= Emil Savundra =

Sri Lankan swindler (1923-1976)

Michael Marion Emil Anacletus Pierre Savundranayagam (6 July 1923 – 21 December 1976), usually known as Emil Savundra, was a Sri Lankan swindler. The collapse of his Fire, Auto and Marine Insurance Company left about 400,000 motorists in the United Kingdom without coverage.

As a post-war black marketeer, Savundra committed bribery and fraud on an international scale before settling in the UK to sell low-cost insurance in the fast-growing automotive market. By defaulting on mandatory securities, he funded a lavish lifestyle and travelled in fashionable circles. This attracted the attention of the press, who uncovered evidence of major fraud. In a TV interview with David Frost, Savundra demonstrated contempt for his defrauded customers (some of whom were in the studio audience) and denied any moral responsibility. The police had been investigating him, and he was soon arrested and sentenced to eight years' imprisonment. Released after six, Savundra died two years later as a drug addict.

==Early life and career==

Born into a Tamil family of lawyers in Ceylon during the British Raj, Savundra grew up with a mixture of respect for and resentment of Britain. Although he served a brief commission in the Ceylon Engineers, he was refused entry into the Royal Air Force during the Second World War despite holding a pilot's licence. Savundra married a young Tamil woman, who remained loyal to him over a turbulent thirty-year career.

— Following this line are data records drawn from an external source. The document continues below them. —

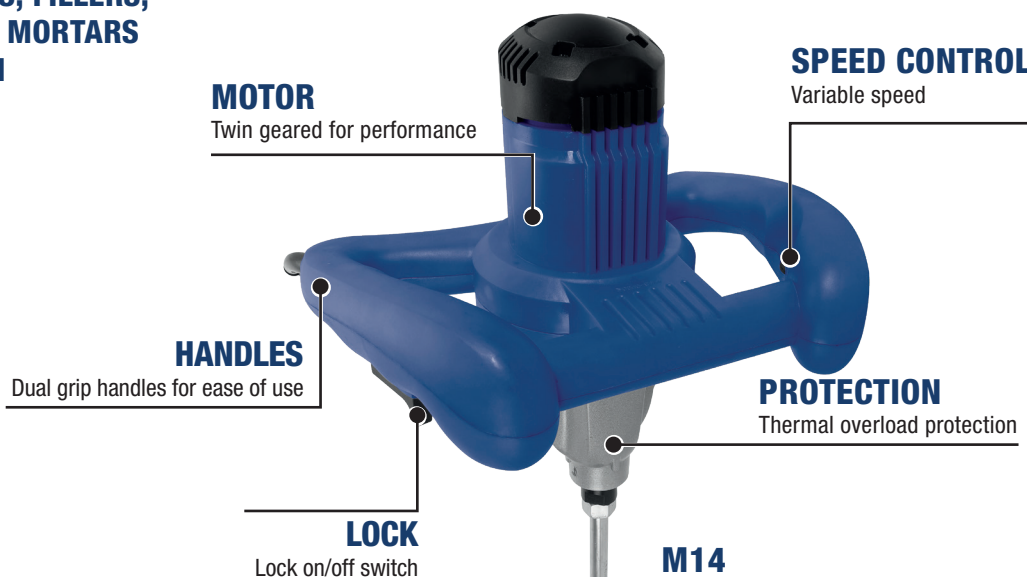

## MIX1400 MIXER 230V / 110V

### MIX1400 / MIX1400IND

The Vitrex 1400W Twin Geared Mixer for more efficient mixing of cement, plaster, grout and adhesives, fillers, paint plus other mortars for construction. 1400mm Mixing Paddle with M14 internal fitting. Electronically controlled variable speed with lockable speed control for continuous operation. Supplied in a storage case for ease of transportation

**FOR MIXING CEMENT, PLASTER, GROUT & ADHESIVES, FILLERS, PAINT, PLUS OTHER MORTARS FOR CONSTRUCTION**

Specifications	MIX1400	MIX1400IND
Power Supply	230V 50Hz	110V 50Hz
Motor	1400W Hi-Torque	1400W Hi-Torque
RPM (no load)	0 - 460 / 0-700rpm	0 - 460 / 0-700rpm
Gears	2	2
Mixing Paddle Diameter	140mm	140mm
Weight	5.3kg	5.3kg

When Ceylon became independent in 1948, Savundra (age 24) tried to develop a business career on the island. Around this time he developed insulin-dependent diabetes, which would shorten his life. During this period, in the context of the Korean War, Savundra was used as a local intermediary in the economic sabotage of a shipload of oil which he appeared to be selling to China but which his American contacts had ensured did not exist. After using this device to support the US war effort, he repeated the process.

In 1954, at age 31, Savundra was convicted of swindling the Kredietbank of Antwerp over a non-existent cargo of rice and was imprisoned in Belgium. In 1958 he resurfaced as a representative of American company Camp Bird for mineral interests in Ghana. Savundra was involved in bribery at the highest level of government, claiming in his diaries that this was typical Ghanaian business practice during the 1950s. He was deported from the country, presumably because a trial would have caused local embarrassment. Savundra, who had developed a career of sharp practice characteristic of a post-war black marketeer, perpetrated a coffee-bean fraud at the expense of the Costa Rican government in 1959.

His only criminal offence in Ceylon was the failure to pay an Inland Revenue bill based on earnings from some of his economic frauds. Savundra was absent from the island between 1951 and 1965, when he returned at age 42.

==Fire, Auto and Marine==

By the early 1960s Savundra had settled in the United Kingdom, where he perpetrated the fraud for which he would be convicted in 1968. In 1963 he formed the Fire, Auto and Marine Insurance Company (FAM), which took advantage of the thriving motor-insurance industry when car ownership in the UK was increasing and road networks were being developed. FAM offered low insurance rates, with crude, but revolutionary at the time, computerisation in a collaboration with IBM.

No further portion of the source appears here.